Even so, 3G would have been hard-pressed to pull off anything of this scale alone. Mr. Lemann enlisted his old Gillette board pal Warren Buffett with a transaction perfectly suited to his burger, shake and value-investing appetite. Berkshire Hathaway is putting in the same $4.5-billion of equity as 3G. The Oracle of Omaha’s conglomerate also could reap a 9-per-cent dividend from some $8-billion of preferred stock he’s acquiring in the deal.

The arrangement is similar to one being used by Michael Dell to buy his eponymous PC maker. Instead of assembling a roster of private equity firms, as was the norm in the pre-crisis buyout boom, Silver Lake Partners and Mr. Dell turned to Microsoft for additional funding. And Mr. Dell kicked in some cash from his MSD investment vehicle to go along with his 14-per-cent stake in the company.

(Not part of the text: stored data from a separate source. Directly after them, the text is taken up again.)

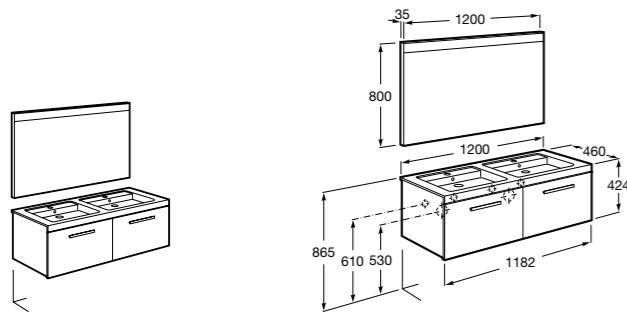

Prisma

855950XXX UNIK - Комплект из мебельного модуля и раковины с двумя чашами. Включает: компактный сифон. Ножки и смеситель не входят в комплект.

855934XXX PASC - Комплект из мебельного модуля, раковины с двумя чашами и зеркала Prisma Basic со светодиодной подсветкой, встроенной на внешнюю часть. Включает: компактный сифон. Ножки и смеситель не входят в комплект.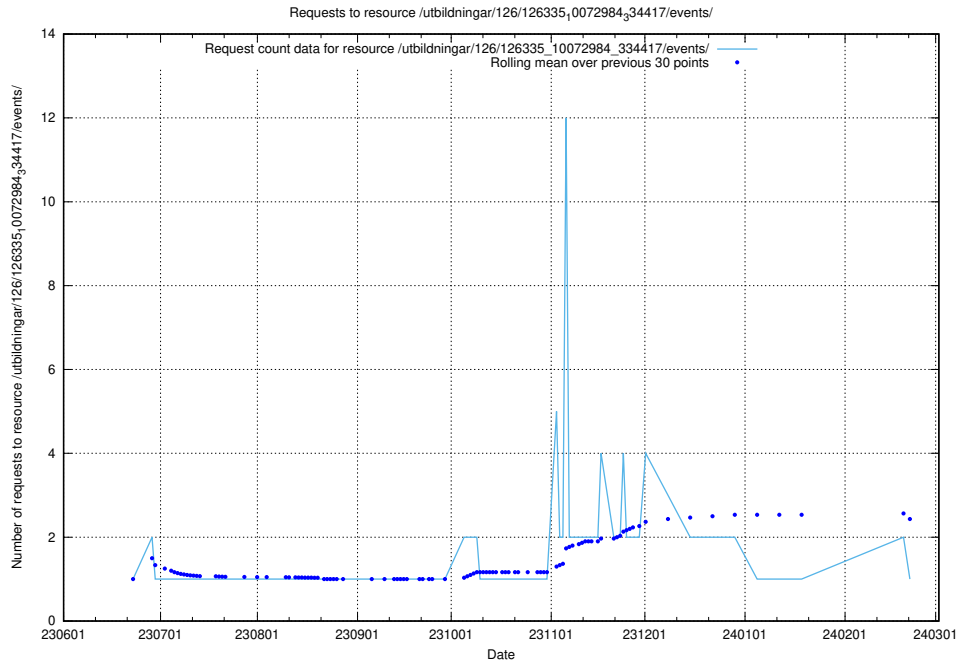

5.5954 Usage of /utbildningar/126/126335_10072984_334417/events/

Here, we count the number of requests to resource /utbildningar/126/126335_10072984_334417/events/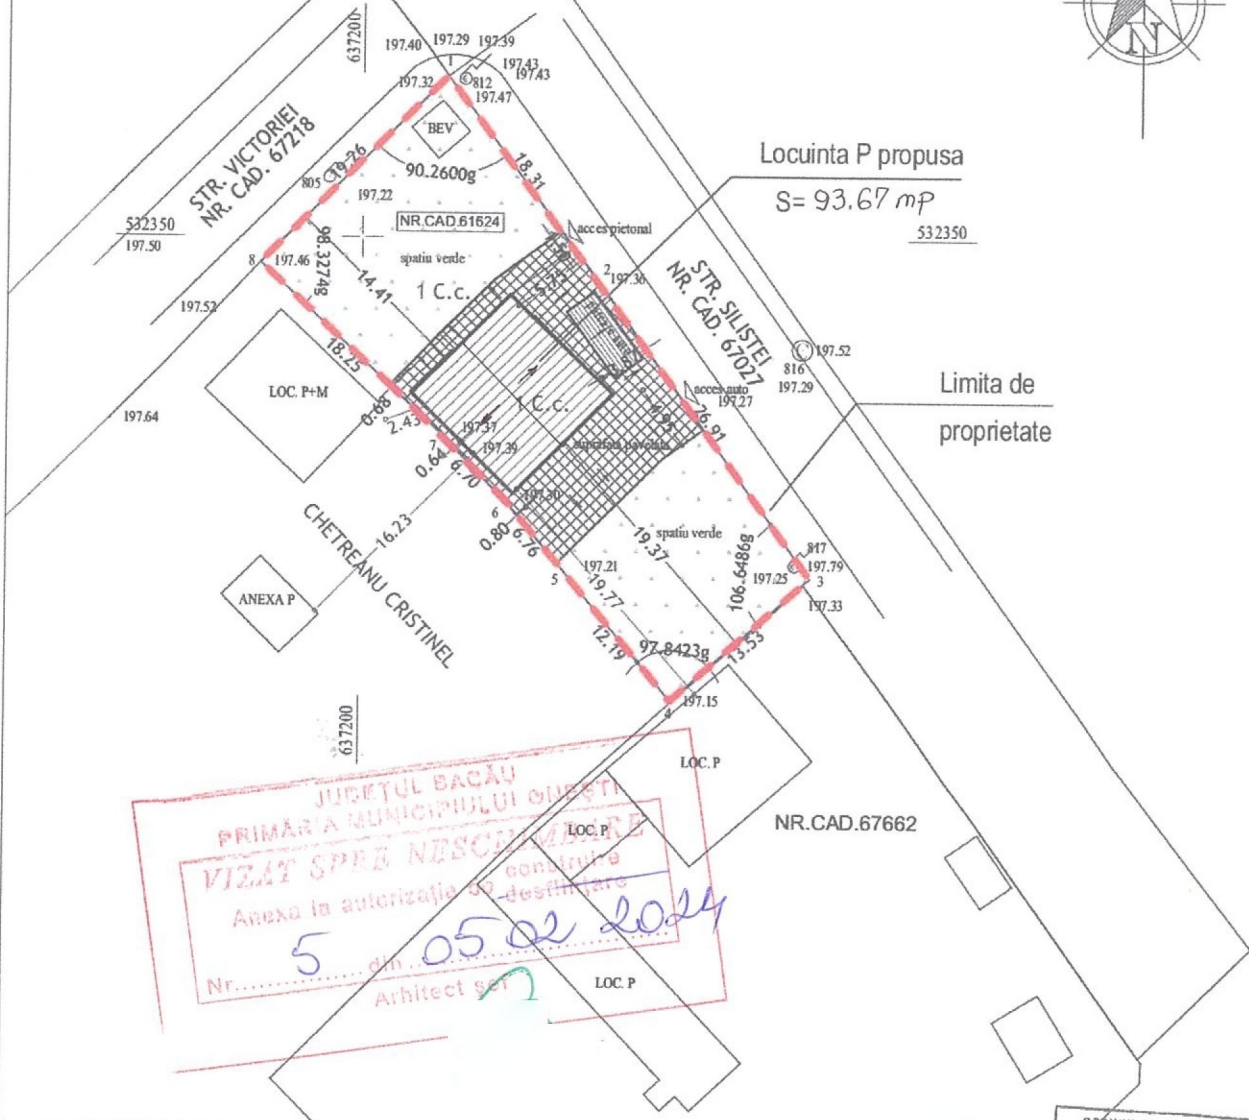

Plan de situatie

Scara 1:500

JUDETUL BACAU
PRIMARIA MUNICIPIULUI OVEST
VIZAT SPRE NESCENZURARE
 Anexa la autorizatia de construire / desfiintare
 Nr. 5 din 05.02.2024
 Arhitect ser

BILANT TERITORIAL	
SUPR. TEREN	- 701 mp
SUPR. CONSTRUITA	- 93.67 mp
SUPR. DESFASURATA	- 93.67 mp
CIRCULATII CAROSABILE	- 15 mp
CIRCULATII PIETONALE	- 168 mp
SPATIU VERDE PROPOS	- 424 mp
C.U.T. PROPOS	- 0.13
P.O.T. PROPOS	- 13.40%

LEGENDA	
CONSTRUCTIE PROPUSA	
CIRCULATII CAROSABILE	
CIRCULATII PIETONALE	
SPATIU VERDE	

clasa IV importanta, categ. D
GR. IV RF

ORDINUL ARHITECILOR
DIN ROMANIA
 7215
Sorin
JUVERDEANU
 Arhitect cu drept de semnatura

Verificator/Expert	Nume

Fatada imprejmuire scara 1:50

Plan imprejmuire scara 1:50

JUDEȚUL BAČĂU
 PRIMĂRIA MUNICIPIULUI GNEȘTI
 VIZAT SPRE NESCIMBARE
 Anexa la contractul de construire
 Nr. 5 din 05.02.2024
 Arhitect șef

Despite how cheap it is to borrow, more creative pairings probably will be needed if more big public companies are to go private. Buyout firms are understandably reluctant to band together after their investors balked and regulators pried into clubby relationships. Berkshire Hathaway and Microsoft aren’t the only companies with hoards of cash they’d like to put to work. Teaming up with private equity might turn out to be a combination that works as well as ketchup on a Whopper.